GenAI QA Budget Planner

Size the QA budget for shipping generative AI features. Combine the number of evaluation prompts, average token usage, model pricing, human review rates, rerun coverage, and monitoring platform fees to project per-release and monthly spend.

Count of scripted prompts evaluated before a launch.
Include both prompt and completion tokens.
List price for the evaluation model tier.
Optional. Default 1 release monthly.
Optional. Default 20% prompts rerun after fixes.
Optional. Default $0.60 per human evaluation.
Optional. Default $200.00 for tooling and storage.
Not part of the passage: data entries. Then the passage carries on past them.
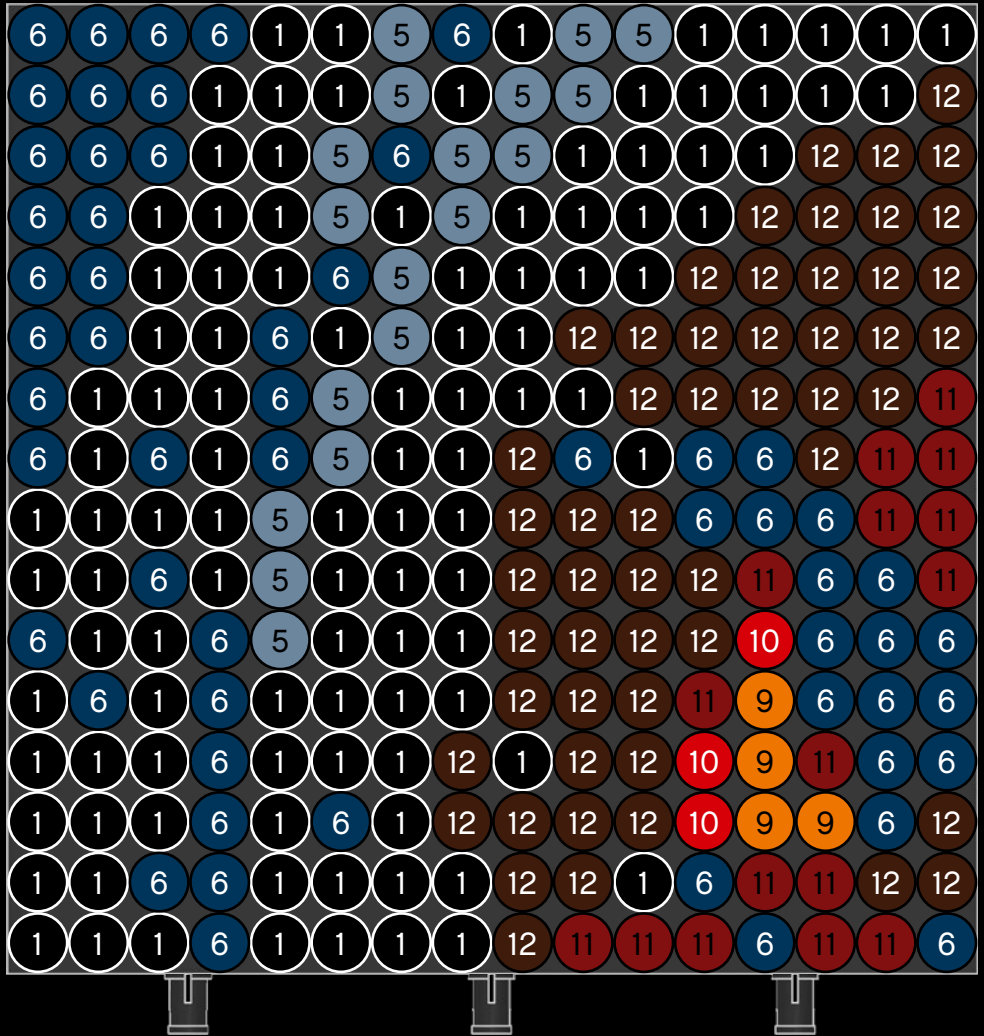

[LEGO.com/brickseparator](https://www.LEGO.com/brickseparator)

A

B

C

Legend for the board game pieces:

- 1: White piece with a crown icon
- 2: White piece with a star icon
- 3: Grey piece with a crown icon
- 4: Grey piece with a crown icon
- 5: Blue piece with a crown icon
- 6: Blue piece with a crown icon
- 7: White piece with a crown icon
- 8: Yellow piece with a crown icon
- 9: Orange piece with a crown icon
- 10: Red piece with a crown icon
- 11: Red piece with a crown icon
- 12: Brown piece with a crown icon

Legend for the board game pieces:

- 1: White circle with a horizontal line
- 2: Grey circle with a star
- 3: Grey circle with a vertical line
- 4: Grey circle with a diagonal line
- 5: Blue circle with a diagonal line
- 6: Blue circle with a vertical line
- 7: White circle with a horizontal line
- 8: Yellow circle with a horizontal line
- 9: Orange circle with a horizontal line
- 10: Red circle with a horizontal line
- 11: Red circle with a vertical line
- 12: Brown circle with a horizontal line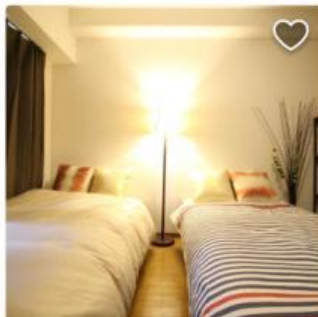

Apartment Kyoto Kotobuki / Vacation STAY 4401

[Shimogyo Ward, Kyoto](#) · [Show on map](#) · 0.4 km from map centre

Apartment - 2 people

1 bedroom

2 single beds • 1 futon bed

30 m²

FREE cancellation

Risk free: You can cancel later, so lock in this great price today.

3 nights, 1 adult

¥41,370

includes taxes and charges

[See availability >](#)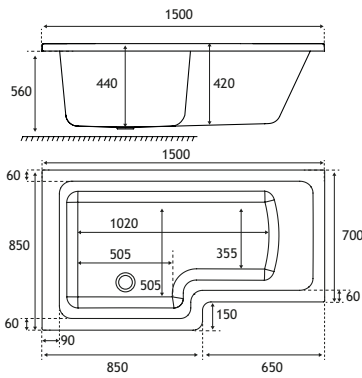

L-SHAPE Portland

1500 x 850 LH

1500 x 850 x 700 x 440mm

224 Litres

DESCRIPTION	CODE	£ EX VAT	£ INC VAT
1500 x 850 LH Portland - 5mm	42.0183	475.00	570.00
1500 x 850 LH Portland - Beauforté	42.1183	785.00	942.00

PANELS

1500 x 560 L-Shape Front Panel	42.5062	124.00	148.80
1500 x 560 L-Shape Front Panel - Beauforté	42.6062	350.00	420.00
L-Shape Universal End Panel	42.5063	70.00	84.00
L-Shape Universal End Panel - Beauforté	42.6063	123.00	147.60

BATH SCREENS

Beaufort Screen 1400mm	58.4000	335.00	402.00
Beaufort Screen 1400mm with Towel Rail	69.0141	450.00	540.00

SHOWER

440 DEPTH

HEAD REST

ULTRA STRONG

Budget outputs exclude infrastructure amortisation and do not cover retraining costs. Adjust for security reviews or compliance audits separately.

Examples

  • 1,200 prompts, 450 tokens each, $0.012/1K tokens, 2 releases/month, 25% reruns, $0.80 human review, $450 monitoring ⇒ 1,500.00 evaluations per release, 675,000.00 tokens, model $8.10, human $1,200.00, release $1,208.10, monthly $2,866.20, $0.81 per prompt.
  • 800 prompts, 300 tokens, $0.006/1K tokens, 1 release/month, defaults for reruns (20%), human $0.60, monitoring $200 ⇒ 960.00 evaluations, 288,000.00 tokens, model $1.73, human $576.00, release $577.73, monthly $777.73, $0.60 per prompt.

FAQ

How do I include red teaming engagements?
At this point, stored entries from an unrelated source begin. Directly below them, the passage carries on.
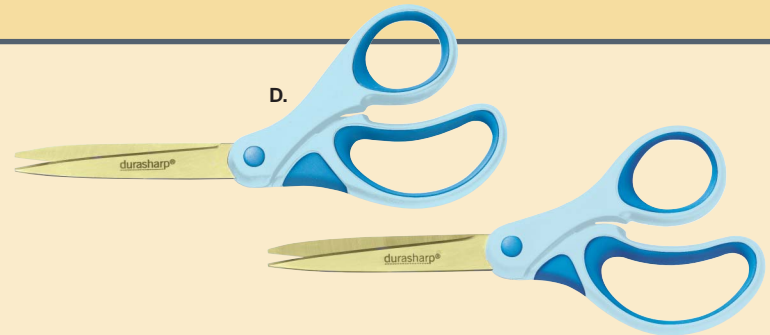

D. DURASHARP 8" SOFTGRIP TITANIUM SCISSORS

High performance titanium blades. Unique cushion grip oversized handles for more comfort. Made for left or right hand.

PRODUCT NO.	DESCRIPTION	SIZE	YOUR PRICE
FSK 12-37557797	STRAIGHT SOFTGRIP HANDLES	8" FULL	7.49 EA
FSK 12-37577797	BENT SOFTGRIP HANDLES	8" FULL	7.49 EA

E. DURASHARP 8" SOFTGRIP SCISSORS

Larger handles provide comfort in all cutting applications. Perfect for the home, office, and crafts.

PRODUCT NO.	DESCRIPTION	SIZE	YOUR PRICE
FSK 12-37547797	STRAIGHT SOFTGRIP HANDLES	8" FULL	5.99 EA
FSK 12-37567797	BENT SOFTGRIP HANDLES	8" FULL	5.99 EA

F. DURASHARP 8" RECYCLED SCISSORS

Larger handles provide comfort in all cutting applications. Perfect for the home, office, hobbies, and crafts.

PRODUCT NO.	DESCRIPTION	SIZE	YOUR PRICE
FSK 12-37467797	STRAIGHT HANDLES	8" FULL	5.89 EA
FSK 12-37477797	BENT HANDLES	8" FULL	5.89 EA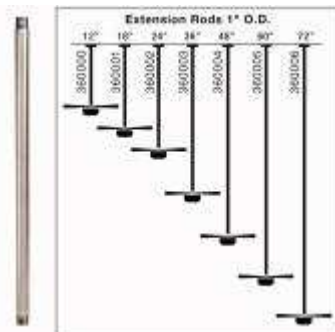

KICHLER

Accessory - Outdoor Post

9501BK

Outdoor Post

Dia./Width: 3.0 IN

Body Height: 84.0 IN

Available Finishes: Black (Painted), White

Outdoor Light Posts - Dia. 3", Hgt. 84" - Steel Post with ladder rest. Kichler's accessories provide maximum design flexibility. Select mounting hardware, electrical and nonelectrical accessories to complete your landscape lighting system.

Technical Information

Type	Lighting Accessories	Width	3 IN
Style	Utility	Bulb Included	Not Included
Finish Group	Black	UL CSA Listed	Yes
Room	Outdoor Lighting	Body Material	Aluminum
Body Height	84 IN		

Related Products

Fan Down Rod 18 Inch
 Finish: Distressed Black
 Dia./Width: 0.75
 Body Height: 0.0

Fan Down Rod 36 Inch
 Finish: Distressed Black
 Dia./Width: 0.75
 Body Height: 0.0

Fan Down Rod 72 Inch
 Finish: Distressed Black
 Dia./Width: 0.75
 Body Height: 0.0

Fan Light Kit
 Finish: Distressed Bl
 Dia./Width: 12.72
 Body Height: 6.51

Add the projected red team invoice to the monitoring field or distribute it across releases as an additional per-release cost before computing the monthly total.

Can I model caching savings?

Yes. Reduce the average tokens per prompt or rerun percentage to reflect cache hit rates; the planner recalculates model spend instantly.
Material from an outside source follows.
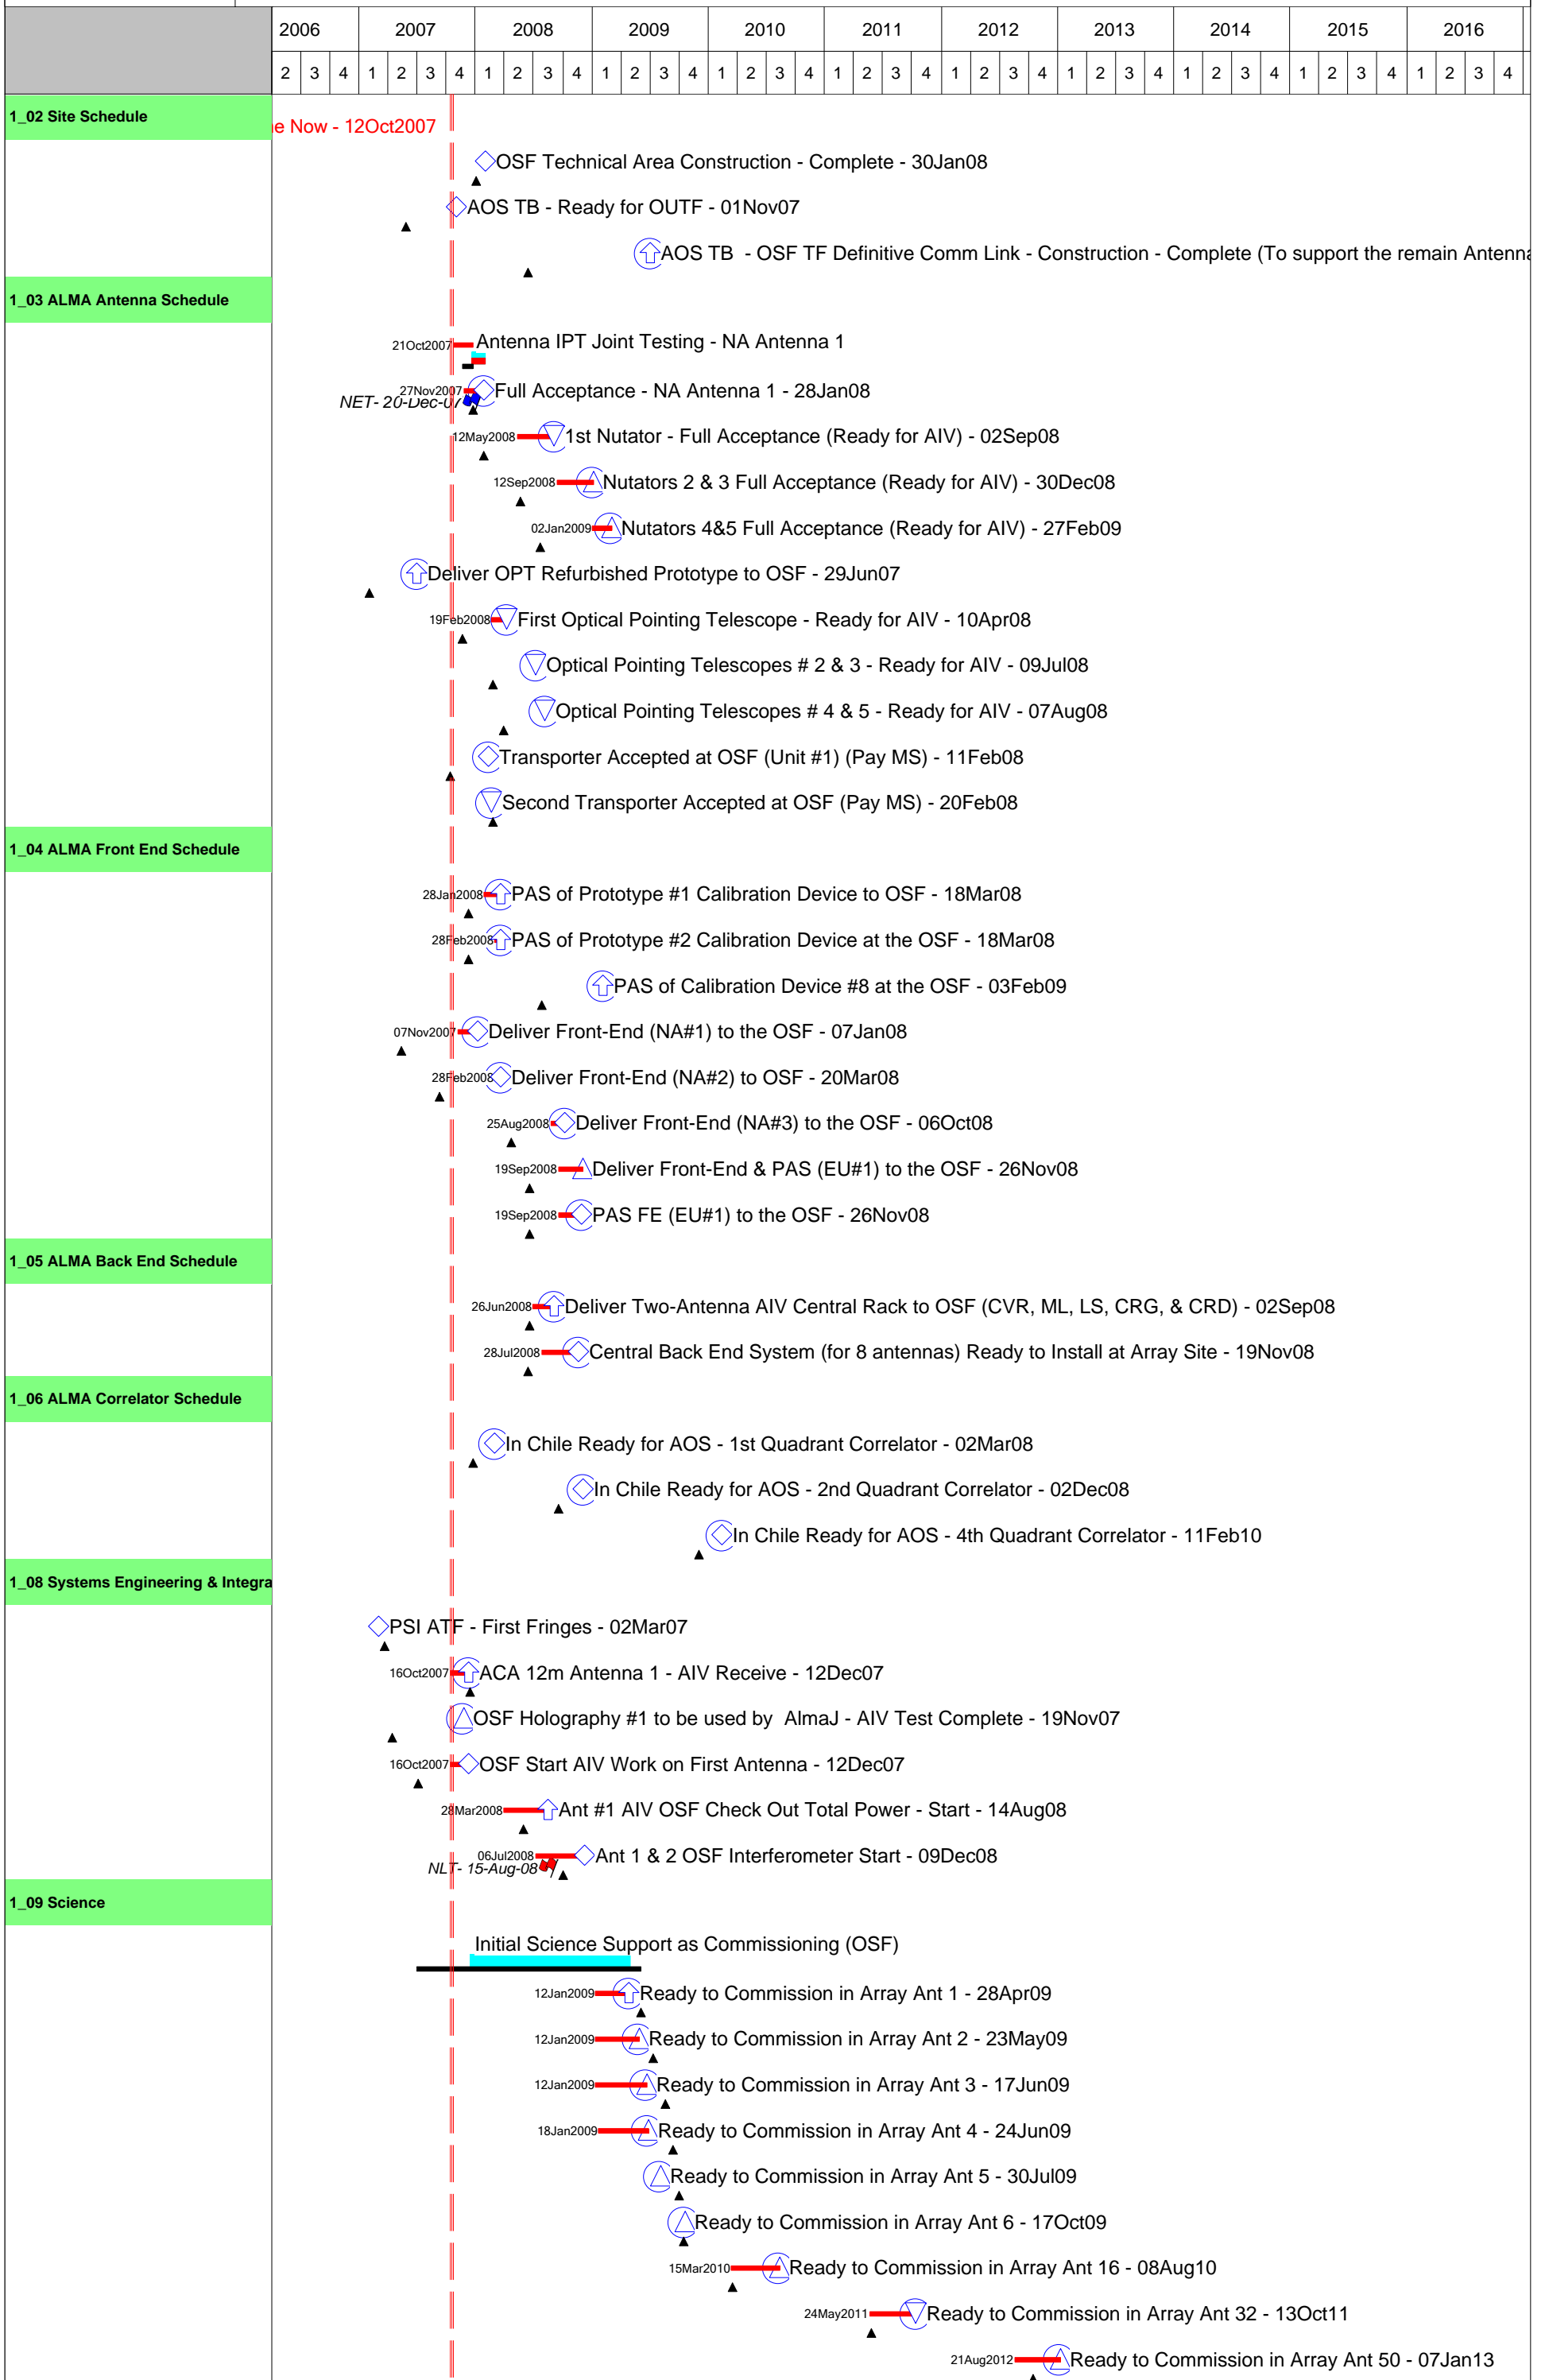

# Integrated Project Schedule SCIE CSV and Key Deliverables

What if human review is internal payroll?

Estimate hourly wages plus overhead for analysts and divide by their throughput (prompts per hour) to obtain a per-prompt cost for the human review field.

Additional Information

  • Token spend scales linearly with both prompt count and rerun coverage; trim reruns once issues stabilise.
  • Human review cost reflects expert raters validating safety, hallucinations, or policy adherence.
  • Monitoring spend bundles log storage, evaluation pipelines, and anomaly alerting for the production stack.
  • If you batch multiple launches together, adjust the releases-per-month field to average out staggered deployments.